Before this year, state law said nothing about dispensing fees – they were set by market price. Now, experts say such fees have increased by roughly $10 per prescription for low-volume pharmacies. What, on average, was below $2 is now $11.98 per prescription.


“The numbers are telling us right now that an average family could see an increase of about $680 on top of what they’re already paying for the same level of care,” Milam said.


Because the law only applies to low-volume pharmacies, it’ll affect mostly people who live in rural or more sparsely populated areas.


The change made it so, ‘A pharmacy benefits manager shall pay a professional dispensing fee at a rate that is not less than the amount paid by the TennCare program to a pharmacy.’


Currently, TennCare charges the aforementioned $11.98 per prescription to dispense.

Someone has to feel that hit: the customer or their employer providing insurance.


While $10 per prescription may not seem like much, for a lower-income family who might have a few prescriptions a month or children with prescriptions, it adds up quickly in a year.
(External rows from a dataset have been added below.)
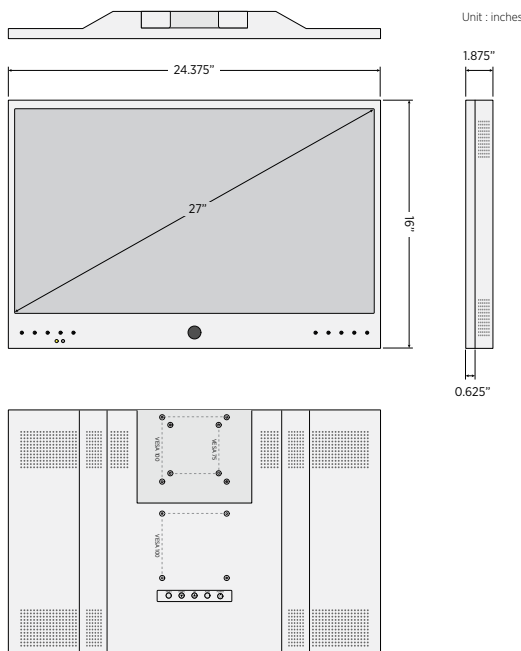

CE-M27E-B

27" PVM w/ 2MP IP Camera

KEY FEATURES:

- Built-In 2MP Clinton IP Camera w/ 3.6mm (f1.6) Fixed Lens
- ONVIF Profile S Conformant Camera: CE-PVM2MPF
- Configurable Face Detection boxes (color, line thickness)
- Motion detection triggers flashing LED lights and/or on-screen banner overlay message (*Recording In Progress, Monitoring In Progress, etc...*)
- 1920 x 1080 Resolution / 16:9 Aspect Ratio
- 300 nit Brightness / 3,000:1 Contrast Ratio
- Steel Cabinet
- 10 RGB LED flashing lights, selectable colors & flash rate
- H.264, H.265 & Motion JPEG Compression
- 1 RJ45 Ethernet Port
- VESA 75 & 100
- DC24V (Power Supply Sold Separately)
- UL Listed, NDA&A & TAA Compliant

DIMENSIONS:

| MONITOR | |
|-----------------------|-----------------------|
| Display | 27" LED Backlight LCD |
| Resolution | 1920 x 1080 |
| Aspect Ratio | 16:9 |
| Display Colors | 16.7M (8 BIT) |
| Brightness | 300 nit |
| Contrast Ratio | 3000:1 |
| Viewing Angle (H x V) | 178° x 178° |
| Response Time | 6.5ms |

| VIDEO | |
|-------------------|--|
| Video Compression | H.264, H.265, and Motion JPEG |
| Resolution | 1920x1080 (1080p) to 640x360 |
| Frame Rate | 1-30 fps |
| Bitrate Control | CBR, VBR, or VBR+ 1st Stream: 512-10,000 kbps 2nd & 3rd Stream: 512-8,000 kbps |
| Streaming | 3 individually configurable streams per camera |
| Storage | MicroSD Card (up to 2TB) *card not included |

| GENERAL | |
|------------------------|--|
| Mounting | VESA 75, 100 |
| Connectors | 1 - RJ45 Ethernet 10/100Mbps |
| Power Requirement | DC24V |
| Power Consumption | 36 Watts / 1.5A |
| Operating Temperature | 32°F - 122°F / -0°C - 50°C |
| Dimensions (W x H x D) | 24.375" x 16" x 1.875" 619.125mm x 406.4mm x 47.625mm |
| Weight | 13.96 lbs / 6.33 kgs |
| Certifications | UL, CE, FCC, RoHS, NDA&A, TAA |

“It’s really going to hurt Tennesseans and those other small employers trying to make that balance in keeping their doors open and attracting the talent they need to keep their doors open, as well,” said Kevin Ownby, the owner of Ownby Insurance Service.


He said that ultimately leads them to move away from supporting small, local businesses. 

“If I’m going to drive that cost up $40 or $50 more than what Walgreens down the street is, people are going to shift,” Ownby said.


When this bill passed last year’s legislature, the idea was to allow smaller pharmacies to charge more and thus, make more money. But if people end up leaving those pharmacies for bigger ones that don’t charge as much, those gains are nullified.